Iguaçu decide futuro na Divisão de Acesso contra o Foz

O destino do Iguaçu na Divisão de Acesso do Campeonato Paranaense será definido neste sábado, 07, no Estádio ABC, em Foz do Iguaçu, a partir das 15h30. A partida contra o Foz é decisiva, valendo não apenas a permanência na segundona, mas também a chance de classificação às quartas de final da competição, caso uma combinação de resultados aconteça.

Após uma campanha marcada por tropeços, mudanças no comando técnico, reformulações no elenco e oscilações dentro de campo, o clube chega à rodada final precisando da vitória para seguir na competição e evitar um rebaixamento que traria consequências esportivas e administrativas.

Do sonho ao pesadelo

O campeonato começou com empate fora de casa contra o Galo Maringá (0x0). O ponto conquistado, dava a impressão de que o time iria crescer ao longo da primeira fase. É, mas, ficou apenas na impressão.
Na sequência, vieram três derrotas consecutivas — para Nacional (3×1), Batel (2×3) e Patriotas (2×1) — que aprofundaram a crise. Os resultados negativos, aliados ao fraco desempenho em campo, culminaram na saída do técnico Richard Malka.

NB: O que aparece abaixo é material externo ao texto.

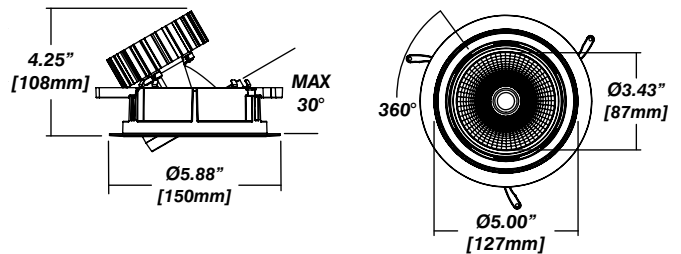

Artemis 3 Adjustable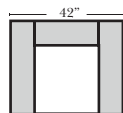

Standard

(All 4 seat items ship as one piece if stationary, two pieces if motion installed)

07/06/2012

3 Seat Sofa-001

Loveseat-004

Chair-005

Push Back Recliner-012

Ottoman-013

Ottoman is 18" high

Features

Standard:

- Available in Full & Top Grain Leathers
- All Hardwood Frames
- Nailheads - Small Antique Touching
- Leg Color - Walnut

Options Available with No Additional Charge:

Note:

All Dimensions are approximate, if accuracy is crucial, please contact us for validation of the dimensions shown. However, a 1" to 2" variance can still apply due to foam and upholstery.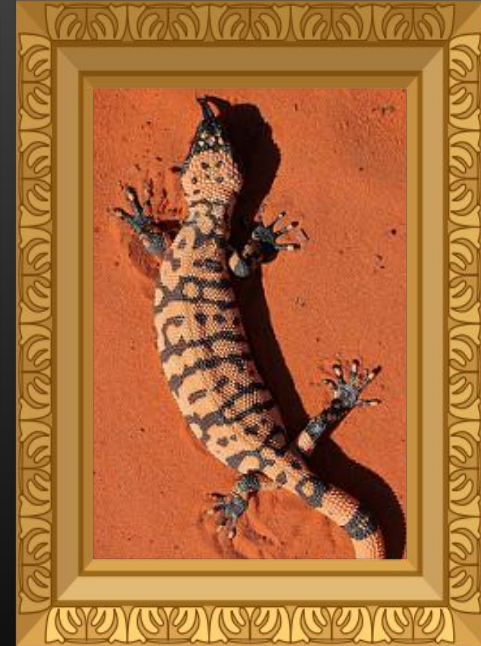

Picture from onlinelibrary.utah.gov

Why the Gila Monster?

The Gila Monster or *Heloderma Suspectum*, will represents many great qualities to have in a state symbol because:

- The Gila Monster is rare
- These creatures are venomous, but they are very shy and not aggressive at all, and will only bite if attacked or threatened.
- The Gila Monster is near threatened, so we need to protect it.^{5,6}

Type 2 Diabetic Treatment and Gila Monster Traits

The Gila Monster is also useful on a medical level.

“One component of their venom, *exenatide* (ex-en-a-tide), has already been approved by the FDA ... (as) a drug used in the treatment of Type-II diabetes.” says Dr. Heyborne, *{Professor of SUU in Cedar City}*.

Picture from Kids.sandiegozoo.org

And to be honest, look how adorable these creatures are!

Reticulated Gila Monster

Baby Gila Monsters (Above)

Banded Gila Monster

*Thanks to Cameron Rognan (Left & Right)
& National Geographic Kids (Middle) for pictures.*

*Gila monsters also have 2 distinct stripe
stripe patterns,
Reticulated (Left) or Banded (Right)*

In Conclusion...

We would like the Gila monster to be Utah's State reptile because:

- The Gila monster is a great reptile in many different aspects.
- This reptile represents a lot of the great qualities that our amazing state Utah has, such as **perseverance, willing to fight for important things**, and have **incredible stamina**.
- Gila monsters are **unique & irreplaceable**.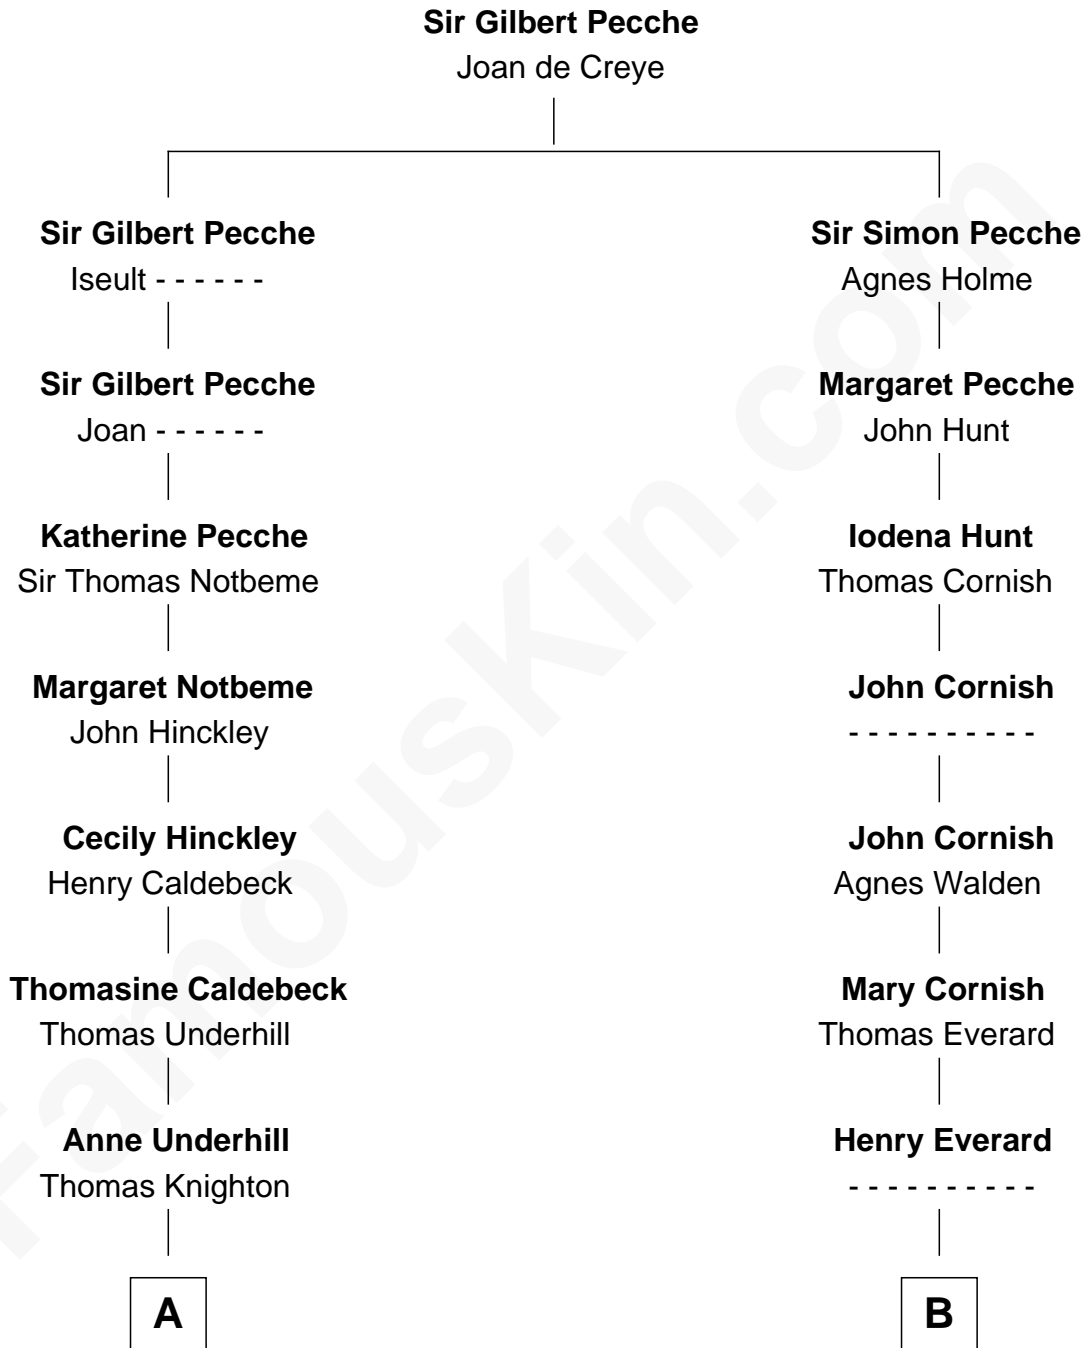

FamousKin.com
Relationship Chart of
William Howard Taft
27th U.S. President

16th cousin 3 times removed of
Elphalet Remington
Founder of Remington Arms Company

C

Samuel Davenport Torrey

Susan Holman Waters

Louisa Maria Torrey

Alphonso Taft

William Howard Taft

27th U.S. President

FamousKin.com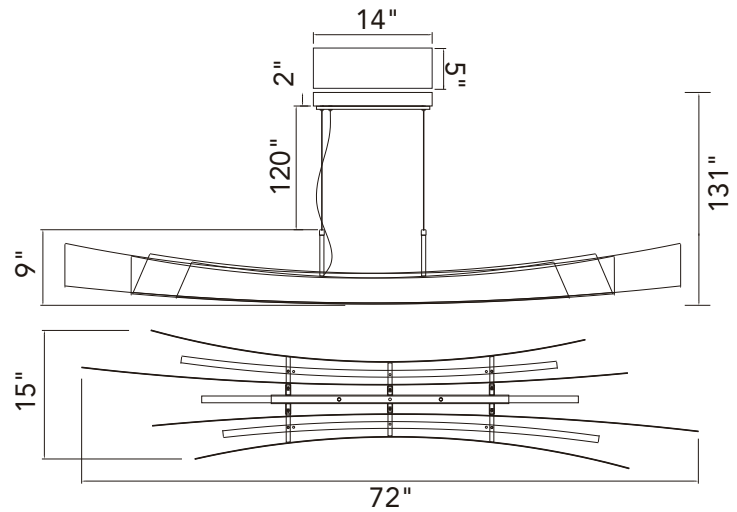

PROJECT: _____
 FIXTURE TYPE: _____
 LOCATION: _____
 CONTACT/PHONE: _____

Item	1698P72-101
Collection	CANDORA
Category	Chandelier
Finish	Black
Glass	-----
Crystal	-----
Acrylic	-----

Shade Color	-----
Min Assembled Height	11"
Max Assembled Height	131"
Width	72"
Length	15"
Extension Wall Mounts	-----
Input	120V AC,60HZ,AC

Lumens	1872
Light Source	Integrated LED
Bulb Info.	36W
Included	Yes
Dimmable	Yes
Colour Temp	3000/4000/5000
Weight	32.34 Lbs

CWI Lighting
 140 Steelcase Rd W
 Markham, ON L3R 3J9
 Canada

CWI Lighting
 295 Fire Tower Dr
 Tonawanda, NY 14150
 USA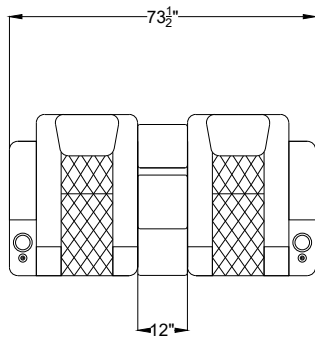

Sample Seating Configurations

Valencia
Home Theater Seating

Title: Tuscany Console Seats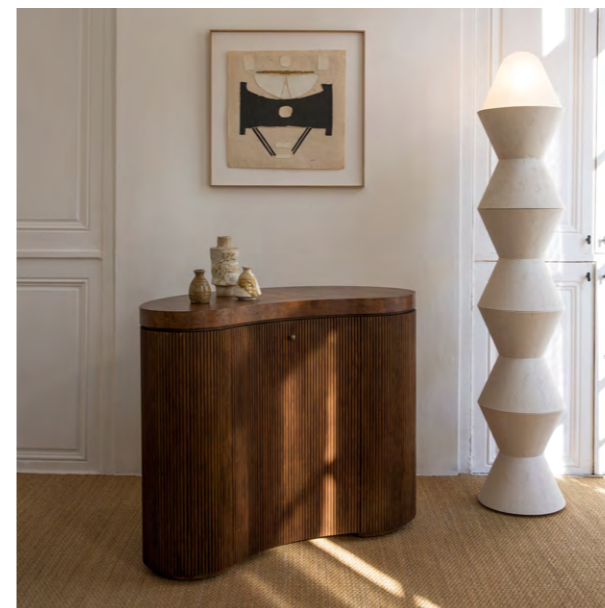

# ARY

BUFFET

## ARY

- BUFFET

The ARY collection challenges with its free forms and artisanal virtuosity. The undulations formed by the fluted wood create a fluid rhythm and give the furniture all its rarity and uniqueness. The oak burl that adorns the tops, reveals imaginary and unique landscapes, and enlivens table, bench or sideboard.

### DIMENSIONS

L 101 x P 54 x H 80 cm  
W 39,8 x D 21,3 x H 31,5 in  
*\*Adjustable shelves*  
REF. RAN-C002

### MATERIALS

Fluted oak and top in oak burl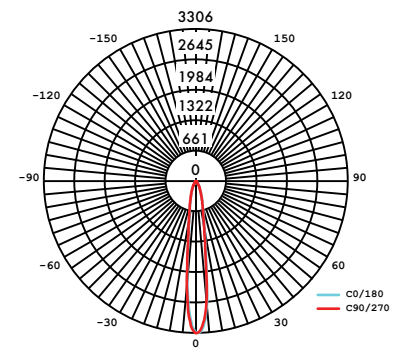

Photometry

SMD-3-30K-SO-LU-BK

SAC-LU-3-BK

15° Optic

SAC-LV15-5-BK/WH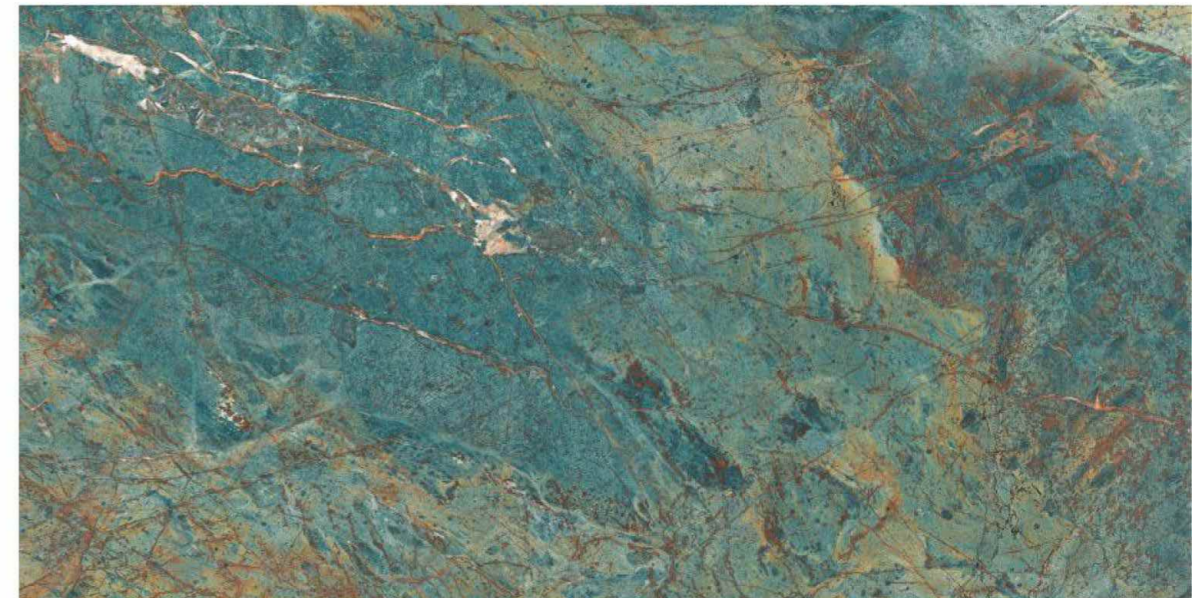

DINOVA GREEN

AQLU
CERAMIC

SIZE

600x1200 mm

SURFACE

High Glossy

RANDOM

04

VIVO
series

Reformulação no elenco e saídas importantes

Para tentar reverter o cenário, a diretoria agiu rápido e contratou Rodrigo Cascca como novo treinador. Além da mudança no comando, o clube passou por uma reestruturação no elenco. Deixaram o clube, entre outros, o atacante Neto Baiano — que se despediu sem marcar nenhum gol, apesar de ter chegado com status de estrela e promessa de ser artilheiro — e o goleiro Douglas Baldini.

Para suprir algumas das carências, o Iguaçu trouxe o experiente goleiro Prezzi, com passagens por vários clubes do futebol brasileiro. Chegaram também o zagueiro Alex, o meio-campo Robinho e o atacante Flávio Renê.

Outro fator que afetou diretamente o desempenho da equipe foi a lesão do meio-campista Nixon, um dos destaques da campanha até aqui. Autor de gols, assistências e líder na criação de jogadas, Nixon sofreu uma lesão muscular na derrota para o Laranja Mecânica. Desde então, desfalca a equipe, mas é aguardado com expectativa para uma possível participação em uma eventual próxima fase, caso o Iguaçu conquiste a vaga nas quartas de final.

Uma vitória, dois empates e a esperança que sobrevive

Com Rodrigo Cascca no comando, o Iguaçu conquistou sua primeira vitória na competição contra o PSTC, vencendo por 2 a 0 no Estádio Antiocho Pereira. Na sequência, arrancou um empate com o Toledo fora de casa, graças a um gol nos acréscimos.

Na penúltima rodada, contra o Paranavaí, esteve muito próximo de garantir uma vitória essencial, mas voltou a sofrer um gol nos acréscimos e terminou empatando, resultado que manteve o time em situação delicada tanto na luta contra o rebaixamento quanto na briga por uma vaga nas quartas.

Os bastidores fervem: torcida dividida e cobrança intensa

A relação entre torcida, diretoria e elenco tem sido marcada por altos e baixos. Se, por um lado, há compreensão de que as limitações financeiras e estruturais dificultam a montagem de um elenco mais forte, por outro, os torcedores mais críticos não pouparam cobranças — especialmente após a série de derrotas no início da competição.

A saída de Neto Baiano, inclusive, simboliza esse desgaste. Contratado com status de estrela, o atacante se despediu sem deixar saudades para muitos. As redes sociais do clube foram tomadas por comentários que misturavam ironia, críticas e até certo alívio pela saída do atacante.

Tudo em jogo: risco de rebaixamento e possibilidade de classificação

O cenário para o jogo contra o Foz é decisivo. O Iguaçu precisa vencer para garantir a permanência na Divisão de Acesso do Campeonato Paranaense. Além disso, dependendo de uma combinação de resultados nas partidas da rodada, uma vitória poderá classificar a equipe para as quartas de final, fase eliminatória da competição.